Passing from the Cathedral door to the south-eastern portion of the city, you reach the outskirts, crossing, in your way, the canals from the lake. I have rarely seen such miserable suburbs; they are filled with hovels built of sun-dried bricks, often worn with the weather to the shape of holes in the mud, while on their earthen floors crawl, cook, live and multiply, the wretched-looking population of léperos.

This word, I believe, is not pure Spanish, but is derived originally, it is said, from the Castilian lepra, or leper; and although they do not suffer from that loathsome malady, they are quite as disgusting.

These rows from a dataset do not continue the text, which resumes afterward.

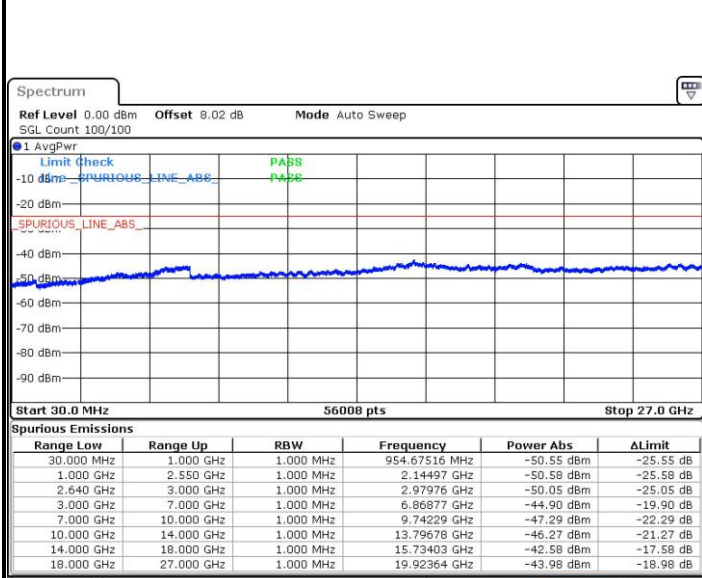

Lowest Channel / 64QAM

Middle Channel / 64QAM

Date: 8 SEP.2019 20:34:17

Date: 8 SEP.2019 20:35:11

Highest Channel / 64QAM

Date: 8 SEP.2019 20:39:43

LTE Band 26 / 15MHz

Lowest Channel / 64QAM

Middle Channel / 64QAM

Date: 8 SEP.2019 20:45:26

Date: 8 SEP.2019 20:46:20

Highest Channel / 64QAM

Date: 8 SEP.2019 20:50:52

LTE Band 38 / 5MHz

Lowest Channel / QPSK

Date: 13.SEP.2019 15:14:17

Lowest Channel / 16QAM

Date: 13.SEP.2019 15:15:12

Middle Channel / QPSK

Date: 13.SEP.2019 15:16:08

Middle Channel / 16QAM

Date: 13.SEP.2019 15:17:03

LTE Band 38 / 5MHz

Highest Channel / QPSK

Date: 13.SEP.2019 15:17:58

Highest Channel / 16QAM

Date: 13.SEP.2019 15:18:53

LTE Band 38 / 10MHz

Lowest Channel / QPSK

Date: 13.SEP.2019 15:19:48

Lowest Channel / 16QAM

Date: 13.SEP.2019 15:20:43

Blacken a man in the sun; let his hair grow long and tangled, or become filled with vermin; let him plod about the streets in all kinds of dirt for years, and never know the use of brush, or towel, or water even, except in storms; let him put on a pair of leather breeches at twenty, and wear them until forty, without change or ablution; and, over all, place a torn and blackened hat, and a tattered blanket begrimed with abominations; let him have wild eyes, and shining teeth, and features pinched by famine into sharpness; breasts bared and browned, and (if females) with two or three miniatures of the same species trotting after her, and another certainly strapped to her back: combine all these in your imagination, and you have a recipé for a Mexican lépero.

There, on the canals, around the markets and pulque shops, the Indians and these miserable outcasts hang all day long; feeding on fragments, quarrelling, drinking, stealing and lying drunk about the pavements, with their children crying with hunger around them. At night they slink off to these suburbs and coil themselves up on the damp floors of their lairs, to sleep off the effects of liquor, and to awake to another day of misery and crime. Is it wonderful, in a city with an immense proportion of its inhabitants of such a class, (hopeless in the present and the future,) that there are murderers and robbers?


In the Indian population which pours into the Capital from the lakes, I must say that there is apparently more worth and character. You see them lolling about in their boats on the canals, and passing and repassing in their canoes, plying between the city and Chalco and Tezcoco. It is a beautiful sight to behold these tiny vessels skim like floating gardens to the quays in the morning, laden to the water's edge with the fruits, flowers and vegetables, that hide the skiff that bears them.

The old houses in this neighborhood, rising out of the canals, the sluggish waters, and the dark multitude of the better classes in fanciful dresses, remind one strongly of Venice.

Skirting the canal, and leading to the plain which adjoins the Chenanpas, or former floating gardens, is the Paseo de la Viga, a public drive frequented by the beau monde, both in coach and on horseback, during the season of Lent. Scarcely an afternoon passes, at that period of the year, that the observer will not find the canal covered with gay boat-loads of Indians, passing homeward from market, dancing, singing, laughing, strumming the guitar, and crowned with wreaths of poppies. I do not know the origin of the custom of wearing this forgetful flower; but it is both a healthier and more poetic oblivion than that resorted to by many folks in other lands, after a day of toil.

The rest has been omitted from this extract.